Acrylates or epoxides have proved effective as organic materials for the formation of the plastic layer. It is assumed that other unsaturated, polymerizable organic compounds are also suitable for the formation of the plastic layer.
With regard to the polymerization method, the aforementioned goal is attained, in accordance with the invention, that the method comprises the following steps:
application on the substrate of a film made of an organic material that can be polymerized by means of UV rays or electron beams;
irradiation of the film with UV radiation of a wavelength of at most 200 nm with the production of a thin skin layer close to the surface, in which the organic material is at least partially polymerized; and
polymerization of the core area of the film placed beneath the skin layer by means of UV radiation of a wavelength of at least 220 nm or by means of electron beams with the production of a carrier layer of polymerized organic material.
In a first method step, a film of the polymerizable organic material is applied on a substrate in a known manner.
Subsequently, the surface of the film is polymerized by radiation with a UV radiation of a relatively short wavelength of at most 200 nm.
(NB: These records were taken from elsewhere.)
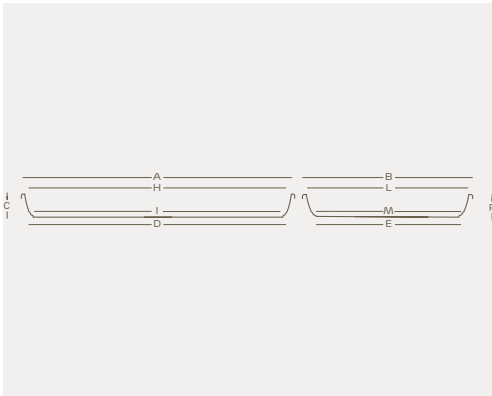

100% Recyclable	Lightweight	Antishock	U.V. Resistant	-20° C Resistant

i valori riportati si riferiscono a quanto specificato nella scheda tecnica del produttore delle materie prime
the values shown refer to the specifications in the technical sheet of the raw materials producer

*disponibile cassetta akea abbinata
fitting akea plant box available

art.	size	A	B	C	D	E	H	I	L	M	P	akea
1685	cm. 50	cm. 46	cm. 22	cm. 3	cm. 43,2	cm. 19,2	cm. 44,5	cm. 42,8	cm. 20,3	cm. 18,6	cm. 2,7	1680
1686	cm. 60	cm. 55	cm. 26	cm. 3,7	cm. 51,6	cm. 22,6	cm. 53,2	cm. 51,2	cm. 24,2	cm. 22,2	cm. 3,4	1681
1687	cm. 80	cm. 73	cm. 32	cm. 4,7	cm. 68,1	cm. 27,1	cm. 70,4	cm. 67,6	cm. 29,4	cm. 26,8	cm. 4,4	1683 •
1689	cm. 100	cm. 90	cm. 36	cm. 5,7	cm. 84	cm. 30	cm. 87	cm. 84	cm. 33,1	cm. 29,8	cm. 5,2	1684 •

colors

03 bianco white

G9 tortora taupe

62 antracite anthracite grey

44 ciclamino cyclamen

01 terracotta

The shortwave UV radiation is absorbed within a thin area beneath the surface which is designated here as the skin layer. The organic material contracts as a result of the surface polymerization and thereby forms an uneven, structured surface. This exhibits a structure of fine structural elements, as, for example, fine lines branched from one another, which produce an optically mat effect, but which cannot be recognized as such with the naked eye. The mat surface thus produced, therefore, has a completely smooth effect. The concrete formation of the structuring determines the degree of matting of the surface. It is dependent on the reactivity of the organic material with regard to UV radiation and the photon density (intensity) of said radiation. With a high reactivity or with high photon energy, a dense network of structural elements is produced; with a lower photon density, a wide-meshed network is produced.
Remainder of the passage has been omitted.